■ EXERCISE DIRECTIONS:
Here is a block of records. Copy every line in it that includes "staal".

■ TASK DATA:
◆ ◆ ◆ ◆ ◆ ◆ ◆
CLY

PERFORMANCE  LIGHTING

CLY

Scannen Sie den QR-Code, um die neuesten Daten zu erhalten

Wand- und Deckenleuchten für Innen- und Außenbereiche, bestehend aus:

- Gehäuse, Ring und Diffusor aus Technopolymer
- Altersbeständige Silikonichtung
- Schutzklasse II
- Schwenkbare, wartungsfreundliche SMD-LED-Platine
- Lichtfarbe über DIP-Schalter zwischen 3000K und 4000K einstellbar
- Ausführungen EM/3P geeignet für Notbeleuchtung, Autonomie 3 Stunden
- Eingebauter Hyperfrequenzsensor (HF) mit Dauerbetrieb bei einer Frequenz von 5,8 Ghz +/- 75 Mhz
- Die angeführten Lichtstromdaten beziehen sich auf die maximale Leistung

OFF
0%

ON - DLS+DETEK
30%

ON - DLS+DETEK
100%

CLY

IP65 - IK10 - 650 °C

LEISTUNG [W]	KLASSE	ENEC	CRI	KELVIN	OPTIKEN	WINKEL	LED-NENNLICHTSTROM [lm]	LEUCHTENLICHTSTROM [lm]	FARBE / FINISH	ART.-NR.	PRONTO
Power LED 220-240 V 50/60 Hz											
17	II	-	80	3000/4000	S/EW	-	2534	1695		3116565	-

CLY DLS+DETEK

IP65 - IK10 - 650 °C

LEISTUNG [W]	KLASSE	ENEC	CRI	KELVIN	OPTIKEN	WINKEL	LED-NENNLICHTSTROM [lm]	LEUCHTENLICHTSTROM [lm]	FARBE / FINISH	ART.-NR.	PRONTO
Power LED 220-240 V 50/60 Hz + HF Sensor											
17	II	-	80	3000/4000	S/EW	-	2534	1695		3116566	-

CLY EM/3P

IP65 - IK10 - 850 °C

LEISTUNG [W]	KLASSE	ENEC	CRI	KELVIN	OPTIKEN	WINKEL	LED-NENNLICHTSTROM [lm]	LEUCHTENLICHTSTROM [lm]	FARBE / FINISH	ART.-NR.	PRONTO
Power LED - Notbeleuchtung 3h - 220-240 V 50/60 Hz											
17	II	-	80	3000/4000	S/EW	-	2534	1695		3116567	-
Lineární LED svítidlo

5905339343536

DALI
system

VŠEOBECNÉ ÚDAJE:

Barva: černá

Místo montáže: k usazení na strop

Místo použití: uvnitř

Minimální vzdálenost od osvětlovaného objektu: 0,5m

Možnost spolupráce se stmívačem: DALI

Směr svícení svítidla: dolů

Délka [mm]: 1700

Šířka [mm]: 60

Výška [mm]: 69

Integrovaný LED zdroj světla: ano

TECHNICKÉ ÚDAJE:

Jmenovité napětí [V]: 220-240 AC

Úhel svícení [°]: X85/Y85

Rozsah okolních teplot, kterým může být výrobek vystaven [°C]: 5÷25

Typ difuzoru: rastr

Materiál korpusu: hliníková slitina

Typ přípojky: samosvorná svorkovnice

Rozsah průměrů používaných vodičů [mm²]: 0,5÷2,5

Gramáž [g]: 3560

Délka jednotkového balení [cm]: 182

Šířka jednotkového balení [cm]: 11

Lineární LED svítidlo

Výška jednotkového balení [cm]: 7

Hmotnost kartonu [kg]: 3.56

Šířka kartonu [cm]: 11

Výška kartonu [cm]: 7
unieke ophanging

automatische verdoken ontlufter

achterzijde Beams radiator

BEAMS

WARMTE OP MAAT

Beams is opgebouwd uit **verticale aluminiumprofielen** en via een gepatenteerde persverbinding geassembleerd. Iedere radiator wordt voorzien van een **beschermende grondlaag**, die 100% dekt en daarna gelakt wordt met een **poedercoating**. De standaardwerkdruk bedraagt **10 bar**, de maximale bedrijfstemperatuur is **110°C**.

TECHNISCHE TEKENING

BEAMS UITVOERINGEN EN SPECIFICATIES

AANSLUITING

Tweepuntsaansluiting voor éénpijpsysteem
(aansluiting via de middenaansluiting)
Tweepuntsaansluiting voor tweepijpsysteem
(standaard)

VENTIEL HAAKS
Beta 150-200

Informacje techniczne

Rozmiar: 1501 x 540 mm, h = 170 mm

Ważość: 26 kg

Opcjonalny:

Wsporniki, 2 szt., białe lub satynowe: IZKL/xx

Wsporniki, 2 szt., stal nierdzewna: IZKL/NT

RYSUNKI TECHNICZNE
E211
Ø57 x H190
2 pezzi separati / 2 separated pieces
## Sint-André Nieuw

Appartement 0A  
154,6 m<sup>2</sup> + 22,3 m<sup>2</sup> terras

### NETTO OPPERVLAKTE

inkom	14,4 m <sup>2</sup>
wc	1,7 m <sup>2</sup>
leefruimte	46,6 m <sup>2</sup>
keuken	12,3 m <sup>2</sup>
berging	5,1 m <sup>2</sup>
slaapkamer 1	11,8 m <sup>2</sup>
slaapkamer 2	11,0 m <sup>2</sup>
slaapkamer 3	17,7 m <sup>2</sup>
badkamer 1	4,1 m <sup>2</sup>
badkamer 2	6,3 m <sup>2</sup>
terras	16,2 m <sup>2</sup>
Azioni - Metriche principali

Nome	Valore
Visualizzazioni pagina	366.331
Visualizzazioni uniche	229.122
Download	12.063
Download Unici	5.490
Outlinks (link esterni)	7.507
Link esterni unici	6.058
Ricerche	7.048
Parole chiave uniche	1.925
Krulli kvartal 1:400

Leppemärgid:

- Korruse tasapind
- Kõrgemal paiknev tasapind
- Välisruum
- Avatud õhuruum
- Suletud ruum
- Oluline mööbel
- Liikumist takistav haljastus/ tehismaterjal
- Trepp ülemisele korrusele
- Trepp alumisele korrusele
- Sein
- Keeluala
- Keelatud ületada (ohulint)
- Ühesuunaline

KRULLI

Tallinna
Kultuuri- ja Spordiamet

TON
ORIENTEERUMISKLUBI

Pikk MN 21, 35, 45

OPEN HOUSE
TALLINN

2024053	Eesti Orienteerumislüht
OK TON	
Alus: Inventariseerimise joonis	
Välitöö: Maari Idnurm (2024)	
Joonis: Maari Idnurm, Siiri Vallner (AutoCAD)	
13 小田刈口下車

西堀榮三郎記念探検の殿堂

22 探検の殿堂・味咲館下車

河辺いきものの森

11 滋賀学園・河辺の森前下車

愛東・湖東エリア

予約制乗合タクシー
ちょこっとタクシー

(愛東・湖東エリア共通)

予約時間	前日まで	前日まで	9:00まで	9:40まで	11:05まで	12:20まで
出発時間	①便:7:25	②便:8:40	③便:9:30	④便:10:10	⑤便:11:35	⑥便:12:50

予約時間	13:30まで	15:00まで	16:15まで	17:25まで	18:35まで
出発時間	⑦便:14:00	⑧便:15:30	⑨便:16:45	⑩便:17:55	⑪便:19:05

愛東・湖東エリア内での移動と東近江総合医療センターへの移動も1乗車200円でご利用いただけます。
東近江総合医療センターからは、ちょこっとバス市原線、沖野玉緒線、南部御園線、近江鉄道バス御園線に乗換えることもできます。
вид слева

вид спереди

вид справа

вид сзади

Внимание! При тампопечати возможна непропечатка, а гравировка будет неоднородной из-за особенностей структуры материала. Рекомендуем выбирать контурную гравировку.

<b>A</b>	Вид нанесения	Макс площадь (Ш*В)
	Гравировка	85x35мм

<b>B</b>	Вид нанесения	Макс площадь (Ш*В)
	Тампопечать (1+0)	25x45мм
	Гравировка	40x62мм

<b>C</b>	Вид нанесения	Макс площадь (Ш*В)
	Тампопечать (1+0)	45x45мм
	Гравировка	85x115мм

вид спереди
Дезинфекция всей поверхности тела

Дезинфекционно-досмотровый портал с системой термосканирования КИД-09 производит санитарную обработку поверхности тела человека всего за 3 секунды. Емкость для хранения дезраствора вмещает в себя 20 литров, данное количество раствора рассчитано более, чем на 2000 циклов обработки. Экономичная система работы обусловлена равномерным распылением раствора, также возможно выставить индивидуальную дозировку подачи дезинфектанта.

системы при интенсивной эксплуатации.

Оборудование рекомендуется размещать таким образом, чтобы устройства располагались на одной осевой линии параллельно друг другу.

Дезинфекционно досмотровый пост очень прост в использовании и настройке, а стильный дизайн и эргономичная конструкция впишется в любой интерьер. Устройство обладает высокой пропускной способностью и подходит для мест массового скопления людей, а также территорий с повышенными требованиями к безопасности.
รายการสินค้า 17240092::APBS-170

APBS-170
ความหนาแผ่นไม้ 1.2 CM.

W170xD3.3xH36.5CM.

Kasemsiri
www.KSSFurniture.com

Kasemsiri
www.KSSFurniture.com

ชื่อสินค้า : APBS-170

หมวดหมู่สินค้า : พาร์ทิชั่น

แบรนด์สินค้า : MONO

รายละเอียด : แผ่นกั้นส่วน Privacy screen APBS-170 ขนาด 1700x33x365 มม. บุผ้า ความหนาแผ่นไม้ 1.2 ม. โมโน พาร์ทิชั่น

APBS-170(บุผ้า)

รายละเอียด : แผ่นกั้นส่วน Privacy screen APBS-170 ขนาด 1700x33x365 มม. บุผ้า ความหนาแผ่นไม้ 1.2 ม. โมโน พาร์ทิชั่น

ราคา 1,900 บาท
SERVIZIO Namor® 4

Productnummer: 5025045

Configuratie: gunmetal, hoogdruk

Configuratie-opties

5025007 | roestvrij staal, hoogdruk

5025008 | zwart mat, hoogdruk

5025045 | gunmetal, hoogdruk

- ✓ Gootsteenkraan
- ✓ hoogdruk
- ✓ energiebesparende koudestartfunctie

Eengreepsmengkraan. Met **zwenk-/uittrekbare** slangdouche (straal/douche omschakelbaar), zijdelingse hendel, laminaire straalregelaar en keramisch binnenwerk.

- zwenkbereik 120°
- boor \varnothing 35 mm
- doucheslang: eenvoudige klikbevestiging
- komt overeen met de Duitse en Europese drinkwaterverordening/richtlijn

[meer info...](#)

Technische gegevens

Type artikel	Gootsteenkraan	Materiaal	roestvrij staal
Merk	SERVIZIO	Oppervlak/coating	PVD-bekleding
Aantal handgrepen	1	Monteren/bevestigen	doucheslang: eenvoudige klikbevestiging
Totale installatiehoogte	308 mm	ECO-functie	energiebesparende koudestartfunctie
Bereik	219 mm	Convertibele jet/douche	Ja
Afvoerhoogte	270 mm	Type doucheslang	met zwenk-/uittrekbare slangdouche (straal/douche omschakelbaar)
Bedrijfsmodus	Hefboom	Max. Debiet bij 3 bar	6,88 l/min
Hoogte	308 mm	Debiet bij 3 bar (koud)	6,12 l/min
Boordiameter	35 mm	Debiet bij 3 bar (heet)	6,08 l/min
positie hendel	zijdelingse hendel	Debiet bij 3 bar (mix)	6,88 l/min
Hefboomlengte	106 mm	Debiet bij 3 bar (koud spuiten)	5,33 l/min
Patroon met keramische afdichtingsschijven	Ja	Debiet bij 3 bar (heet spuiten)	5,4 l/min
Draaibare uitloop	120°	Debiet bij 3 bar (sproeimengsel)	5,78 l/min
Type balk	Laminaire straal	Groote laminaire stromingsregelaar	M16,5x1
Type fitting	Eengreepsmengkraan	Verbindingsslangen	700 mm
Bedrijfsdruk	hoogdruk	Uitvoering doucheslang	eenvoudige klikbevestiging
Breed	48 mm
◆ ◆ ◆ ◆ ◆ ◆ ◆
■ TASK RESULT:
5025007 | roestvrij staal, hoogdruk
Type artikel	Gootsteenkraan	Materiaal	roestvrij staal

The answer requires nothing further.